The detail of priorities is set out in the Commonwealth Grant Scheme Guidelines, at section 10. Nursing and teaching are long-running priorities, with other temporary priorities added from time to time. A temporary priority, for courses commencing in 2023 and 2024 only, is increasing the number of persons from under-represented backgrounds undertaking courses of study in the following areas of study: education, nursing, engineering, computing, commerce, and society and culture.

In the agreements, some of the nine non-Table A providers have only their usual teaching and/or nursing allocations, some have only the temporary equity places, and some have both. The two grant categories have different faults in their funding agreement formulations.

Under section 30-10(4)(a) the funding agreement must specify that the allocation of places is only in respect of national priorities. This has been done for the temporary equity places, in a footnote to a table, but not for the recurrent teaching and nursing funding.

Section 30-10(4)(b) says that the allocation must specify the number of places for each priority and section 30-10(4)(c) requires specification of the number of places in each funding cluster.

For the recurrent places the number of places for each funding cluster is there, but because the national priority is not specified there are no associated places (although the totals will be the same).

For the equity places, the funding agreements appear to be compliant as places are mentioned for clusters and priorities, but the way the numbers of student places are expressed requires background knowledge. The stated number of places for 2024 is only the commencing places that year, not all the places. The number of places for 2023 is also given. Readers who know the Department’s policy of pipelining down the number of places by 25% each year can deduce the total number of places from other information: ((75% of 2023 places) + (100% of 2024 places)) * the relevant Commonwealth contribution = the stated maximum dollar amount for equity places. The total number of places should be clearly stated without providers or readers needing to do their own maths.

Conclusion

The non-Table A funding agreement issues are minor – the allocated places are clearly authorised by HESA 2003 but the paperwork needs tidying up.
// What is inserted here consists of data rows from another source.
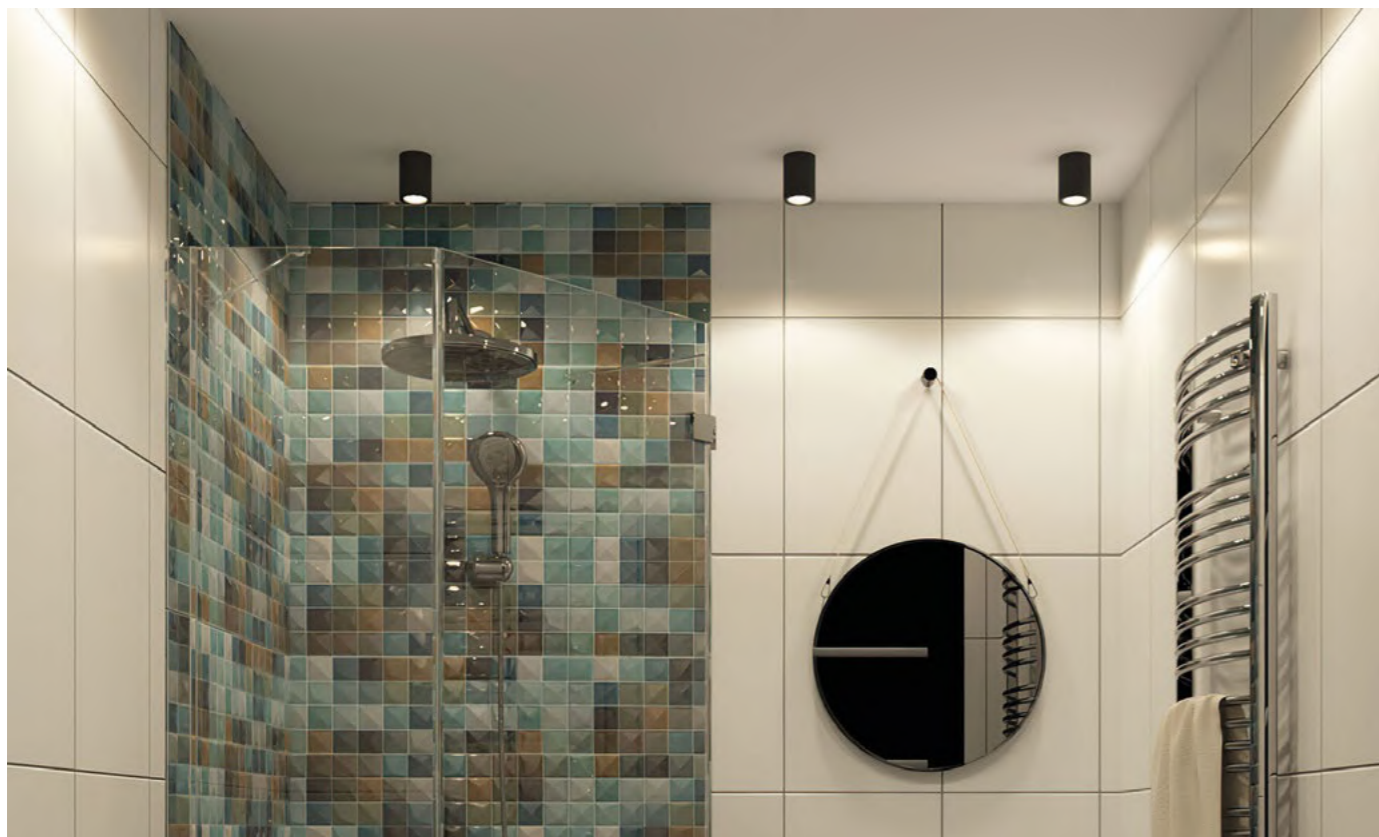

Farum

Серия компактных накладных влагозащищенных светильников под сменную лампу в минималистичном дизайне. Корпус выполнен из качественного алюминия со светорассеивателем из стекла.
Имеет силиконовую прокладку, обеспечивающую дополнительную защиту от проникновения влаги.
Предназначен для основного, декоративного и акцентного освещения в помещениях с повышенной влажностью. Лампа в комплект не входит.

Влагозащищенные точечные светильники

DK3007-BK

DK3007-WH

Артикул	Цвет
DK3007-BK	белый
DK3007-WH	черный

Facet

Серия встраиваемых влагозащищенных светильников под сменную лампу в минималистичном дизайне со скошенной рамкой. Имеет матированный светорассеиватель большой площади, обеспечивающий максимальное рассеивание света в пространстве. Корпус выполнен из качественного алюминия со стеклом.
Оснащен силиконовой прокладкой, обеспечивающей дополнительную защиту от влаги. Предназначен для основного освещения в помещениях с повышенной влажностью. Лампа в комплект не входит.
Для данной серии рекомендуем ультратонкие модули SLIM LED в качестве источника света, монтажная глубина всего 40 мм.

The under-enrolment funded equity plans are a major issue, because they are an example of poor-quality policymaking, because the legal authority to spend this money is not yet in place, and because this is an inappropriate use of the funding agreement mechanism.

I oppose ‘agreement’ based policies – whether we call them agreements, accords, compacts or partnerships – because the universities are not willing to stand up to the government, which as a result can do whatever it wants with limited parliamentary authorisation or scrutiny.

Some people are optimistic that a tertiary education commission, rather than the Department, as the university bargaining partner would produce more genuine agreements. Perhaps this system would be slightly better than the current situation. But rule-based programs, where funding is based on criteria set out in HESA 2003 or legislative instruments subject to parliamentary processes, would be superior to any ‘agreement’ system.